M. Sc. Materials Science & Engineering, National university of Singapore

B. Sc. College of chemistry and molecular engineering, Peking University

RESEARCH INTEREST

Synthesis metal oxide supported noble metal nanoparticle composite as catalyst for direct ethanol fuel cell.

Direct ethanol fuel cells (DEFCs) are an appealing alternative to the direct methanol fuel cells (DMFCs) due to the higher theoretical energy density of ethanol, accessibility; renewability and lower toxicity of the fuel. There are several significant technical challenges in DEFC to be unravelled including insufficient activity, poor durability and reliability and so on. Platinum-based catalysts are most commonly used as anode catalyst for DEFCs. In general, the Pt-based catalysts are supported on porous conductive materials with a high specific surface area. The most popular support material is Vulcan XC-72 carbon black because of its excellent electric conductivity, high surface area and pore structure. However, in DEFC operation environment, carbon is known to be oxidized electrochemically in aqueous solution by the following reaction:

C + 2H₂O ® CO₂ + 4H⁺ + 4e^-             (0.207 V vs SHE, 25°C)

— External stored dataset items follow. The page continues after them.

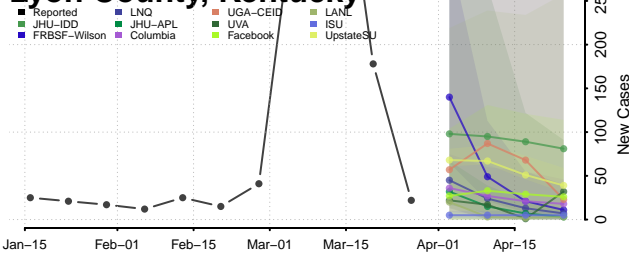

Letcher County, Kentucky

Lewis County, Kentucky

Lincoln County, Kentucky

Livingston County, Kentucky

Logan County, Kentucky

Lyon County, Kentucky

Madison County, Kentucky

Magoffin County, Kentucky

The carbon corrosion rate will be accelerated in the presence of Pt which will lead to agglomeration or growth of electrocatalyst particles and deteriorate the cell performance.Therefore, extensive efforts have been made to develop new catalyst support materials, including nanostructured carbon (such as carbon nanotubes, mesoporous carbon, carbon nanofibers and graphene etc.), oxides, and nitrides, etc. Metal oxides are good candidate since they have higher electrochemical stability than that of carbon black. Such feature is a prerequisite to produce the long-term durable catalyst. Unfortunately, most oxides are poor conductor which limited its use in electrochemical application. The conductivity of the metal oxide could be improved by attaching them with conductive materials or by doping proper element.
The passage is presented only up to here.